* Exercise prompt: Should a picture appear anywhere in the data, omit it and copy everything else exactly.

* Data block:
:::
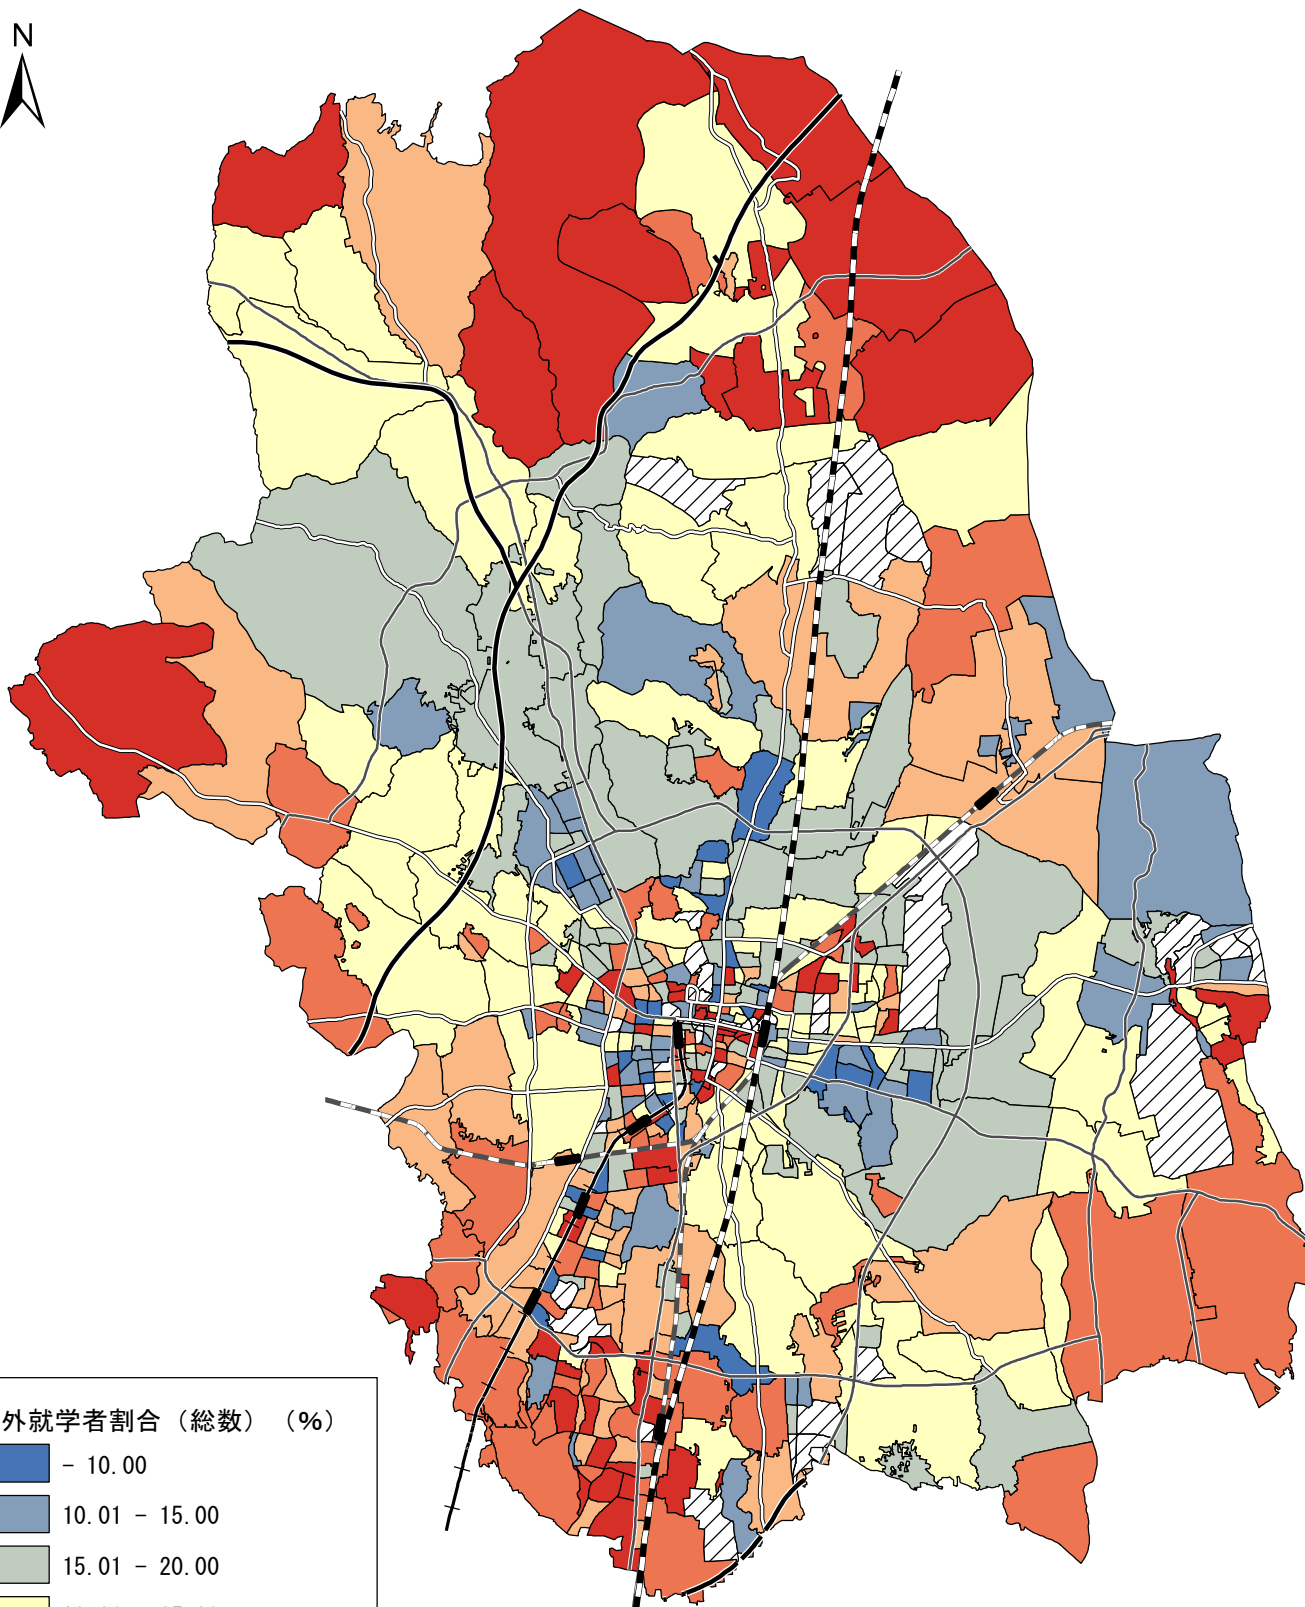

平成27年国勢調査 町丁別 15歳以上宇都宮市外就学者割合（総数）

市外就学者割合（総数）（％）

0 5 10 km
:::
* Response for this exercise:
平成27年国勢調査 町丁別 15歳以上宇都宮市外就学者割合（総数）

市外就学者割合（総数）（％）

0 5 10 km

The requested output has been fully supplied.